Salvini, quien al parecer estaría dispuesto a formar una "diarquía" con Di Maio, dejándole a él la jefatura de gobierno, por su parte, se mostró dispuesto a negociar con el M5E. "No hace falta un científico para entender que otras soluciones serían improvisadas", dijo. "Tendré contactos en los próximos días, también formales, para encontrar una solución", agregó, al asegurar asimismo que de no hallarse un "equipo", la única solución sería volver a las urnas. "Una perspectiva que no auspiciamos, pero que no tememos", dijo.

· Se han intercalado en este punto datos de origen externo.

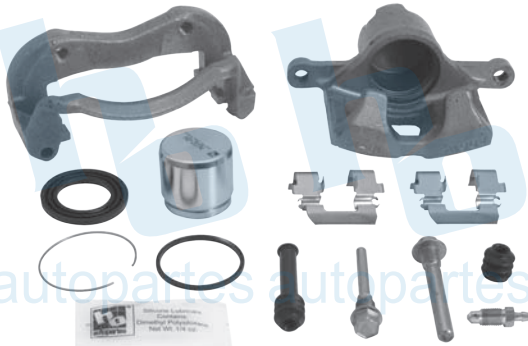

HO-CR5131L

HO-CR5131R

BALATA: 7387 D-814

CHEVROLET MONTECARLO 02-06
VENTURE 02-04
OLDSMOBILE SILHOUETTE 01-04
PONTIAC AZTEK R. TRASERA 01-04

HO-CR5132L

HO-CR5132R

BALATA: 7586 D-580

ISUZU AMIGO 94-00
HOMBRE 2WD RODEO 97-04
HOMBRE 4WD RODEO 97-04
RODEO SPORT 02
TROOPER II 94-02
R. TRASERA

01800-1HUANTE

GMC.

ISUZU

HO-CR5133L

HO-CR5133R

BALATA: 7595 D-728

SATURN SW SC SL SERIES 91-00

HO-CR5134L
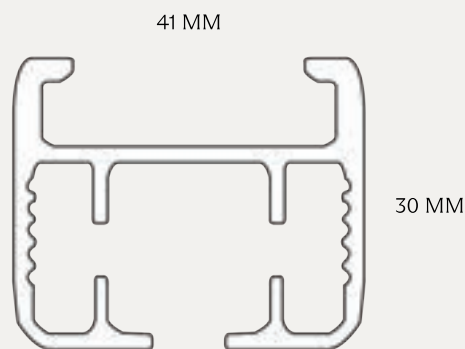

PROFIL 4130

GLYDEA MOTORISERAT

Fischer®
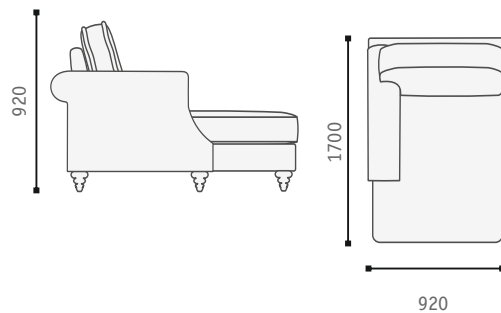

Corner sofa
П-образный диван (модуль 10+8+9+5)

Corner sofa
П-образный диван (модуль 10+7+9+6)

Corner sofa
П-образный диван (модуль 10+8+9+6)

Габаритные размеры модулей

Armchair
Кресло

2 Soater sofa
2-х местный диван

3 Soater sofa
3-х местный диван

4 Soater sofa
4-х местный диван

End unit, 1 soats
Модуль 4, 1-но местный

End unit, 2 soats
Модуль 5, 2-х местный

Pouff
Пуф

End unit, 3 soats
Модуль 6, 3-х местный

End unit, dormeus
Модуль 10 шезлонг
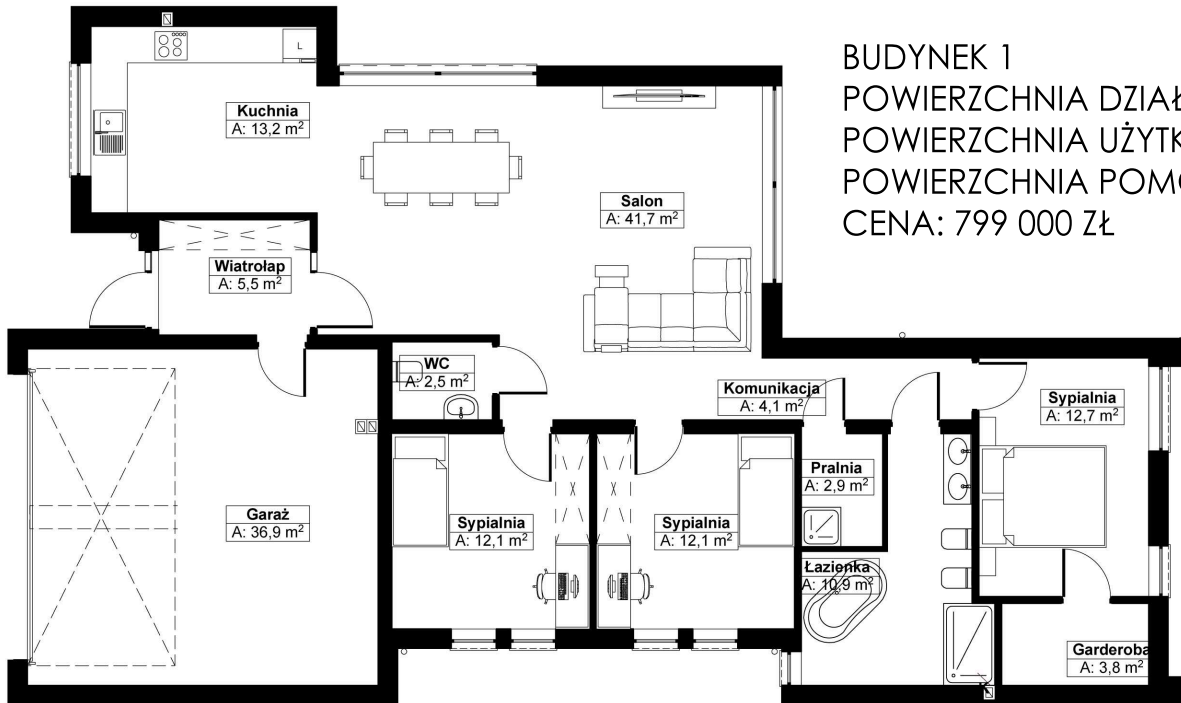

HOUSE bud

www.house-bud.jimdofree.com

DOMY SIENKIEWICZE

BUDYNEK 1

POWIERZCHNIA DZIAŁKI : 915 m²
 POWIERZCHNIA UŻYTKOWA: 158,4 m²
 POWIERZCHNIA POMOCNICZA: 39,8 m²
 CENA: 799 000 ZŁ

RZUT

Niniejsza broszura nie stanowi oferty w rozumieniu przepisów kodeksu Cywilnego. Przedstawione wizualizacje i rzuty mają charakter poglądowy. Podczas realizacji niektóre szczegóły mogą ulec zmianie.
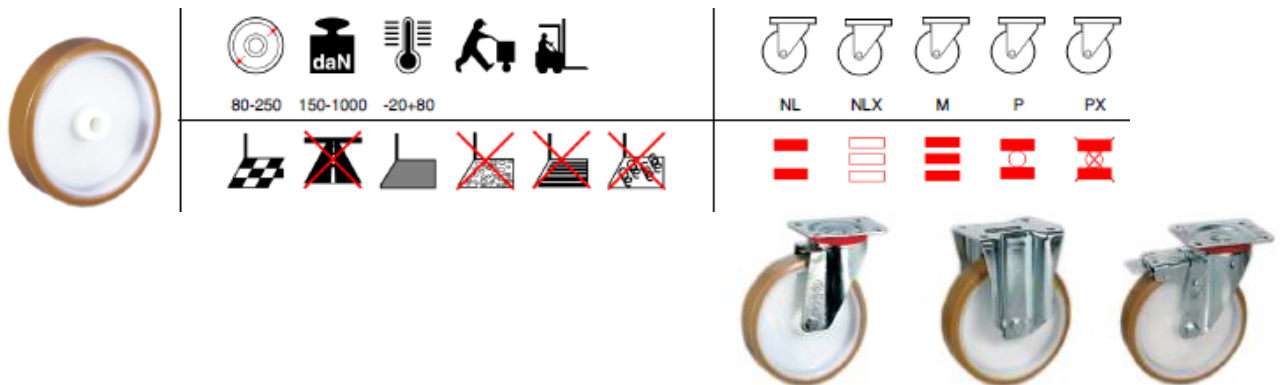

SERIE 66: POLIURETANO TR, SUPPORTI LEGGERI

Icona	Icona	Icona	Icona	Icona	Icona	Icona	Icona	Icona	daN	NL		NL		NL	
										Icona	COD.	Icona	COD.	Icona	COD.
80	25	107	100x85	80x60	9	39	120	150	0.61	664201*	0.37	665701*	0.80	666601*	
100	30	128	100x85	80x60	9	35	120	200	0.75	664202*	0.44	665702*	0.90	666602*	
125	30	156	100x85	80x60	9	37	120	220	0.91	664203*	0.66	665703*	1.05	666603*	
125PG	30	156	140x110	105x80	11	39	120	220	1.10	664213*	0.86	665713*	1.30	666643*	
150	40	194	140x110	105x80	11	56	156	300	1.81	664204*	1.44	665704*	2.09	666604*	
175	40	217	140x110	105x80	11	56	156	300	1.99	664205*	1.70	665705*	2.27	666605*	
200	50	240	140x110	105x80	11	56	156	300	2.19	664206*	1.97	665706*	2.45	666606*

Berlusconi no ocultó su rabia ante el veto puesto sobre su persona por Di Maio. "No a un gobierno del populismo, del odio, del pauperismo, del justicialismo", dijo el Cavaliere, de 81 años, al hablar con la prensa luego de su reunión con Mattarella. El magnate -que pese a no poder ser candidato, representó a Forza Italia en la consulta, se manifestó listo a sellar alianzas, pero partiendo de la alianza de centroderecha y de Salvini como candidato a primer ministro.

En un marco imposible, los sondeos indican que de convocarse de nuevo a elecciones con la misma ley electoral, el escenario volvería a ser el de la ingobernabilidad. Por eso también se habla de la hipótesis de formar un "gobierno de objetivo", cuya meta sería aprobar una nueva ley electoral con un premio de mayoría para el ganador, para luego volver a las urnas.

Más allá de los jueguitos, Italia necesita aprobar su presupuesto trianual en breve. Y Mattarella, apunta a tener un nuevo gobierno en junio. Italia, con una deuda pública altísima y los mercados que podrían ensañarse, en efecto, no puede permitirse vivir mucho tiempo en el limbo. Y se espera que tenga un gobierno formado el 28 y 29 de junio, cuando el Consejo Europeo, marcado por el eje franco-alemán, deberá tomar decisiones en temas clave como el derecho al asilo de los inmigrantes y el futuro del euro, cuestiones que fueron el caballito de batalla de los "grillini" y de la Liga Norte, con su slogan "Italia primero".